3 volumes, folio (14 x 10 1/8 inches). Half-titles, dedication leaf and 4 leaves of text addressed to the members of the Societe Royale d'Horticulture de Paris. 300 fine engraved and stipple-engraved plates, partly handcolored and finished by hand after J.-J. Jung by Dumenil, Gabriel and Oudet, under the direction of M. Cousin, printed by Remond (small inoffensive ink library stamp on plates, scattered foxing, spotting and browning, some dampstaining in lower margins of first half of third volume). Contemporary half tan calf, maroon cloth gilt (a bit worn with minor loss to the extremities).
Provenance: with the bookplate and library regulations of the Library of the Massachusetts Horticultural Society Boston on the front paste-down of each volume, and their ink "MHS" monogram on each plate.

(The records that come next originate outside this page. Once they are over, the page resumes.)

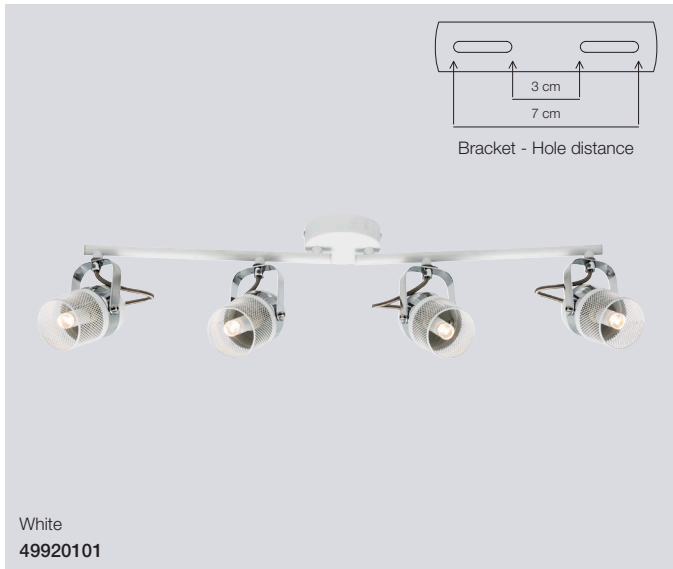

Please see our decorative bulbs from page 294

Agnes Wall

Masterbox Qty 6
Size H: 12 cm, W: 9 cm, D: 14 cm, Shade Ø: 5,8 cm, Base mount: Ø9 cm
 Tilt angle: 150°
Material Metal/Plastic
IP Class IP20, Class 2
Cable Cable: White 150 cm replaceable
 Switch on cable
Light source G9, Max. 35W, Excl. light source,
Features Industrial style

Agnes SpotLight

Masterbox Qty 3
Size L: 30 cm, D: 14,5 cm, Shade Ø: 5,8 cm, Base mount: Ø9 cm
 Tilt angle: 150°
Material Metal/Plastic
IP Class IP20, Class 2
Light source G9, Max. 2X35W, Excl. light source,
Features Industrial style

Agnes SpotLight

Masterbox Qty 3
Size L: 45 cm, D: 14,5 cm, Shade Ø: 5,8 cm, Base mount: Ø9 cm
 Tilt angle: 150°
Material Metal/Plastic
IP Class IP20, Class 2
Light source G9, Max. 3X35W, Excl. light source,
Features Industrial style

Agnes SpotLight

Masterbox Qty 3
Size D: 12 cm, Shade Ø: 5,8 cm, Base mount: Ø18 cm
 Tilt angle: 150°
Material Metal/Plastic
IP Class IP20, Class 2
Light source G9, Max. 3X35W, Excl. light source,
Features Industrial style

THE MOST CELEBRATED ILLUSTRATED MONOGRAPH ON THE CAMELLIA
First edition. Interest in the genus peaked in the middle part of the nineteenth century, when large numbers of seedlings obtained from crossing variants of camellia Japonica were raised and named, mostly by the Verschaffelt family, nurserymen at Ghent in Belgium, and by the Abbé Berlèse in Paris. Lorenzo Berlese was born in Campo Molino near Treviso, north Italy. He moved to Paris as a chaplain, where by 1817, he was already cultivating camellias. He built up a large collection of plants and by 1837 the general proliferation in hybrid varieties and the confusion over nomenclature made it clear to him that a detailed monograph was required. A subscription of 250 names was raised, and the work was published (after a false start with lithograph plates). In 1846 he sold his collection of plants before returning to Italy. The success of Berlèse's work is largely due to J.J. Jung's plates, but there is surprisingly little information about the artist. The Abbé thanks him in the introductory letter to the Members of the Paris Royal Society of Horticulture: his drawings have given life and color to the author's technical descriptions which would otherwise have paled in comparison with the real thing. The plates demonstrate the pervasive influence of Redouté, and the Lindley library index notes that he produced some designs for the periodical "Herbier général de l'Amateur.". The arrangement of the text is unusual: the scientific and practical monograph (under various chapter headings: origins, classification, cultivation, etc.) is printed on the lower half of the recto of each text leaf with the description of the facing plate on the upper half. The versos of the text leaves are blank. Dunthorne 30; Great Flower Books p. 50; Nissen, BBI 150.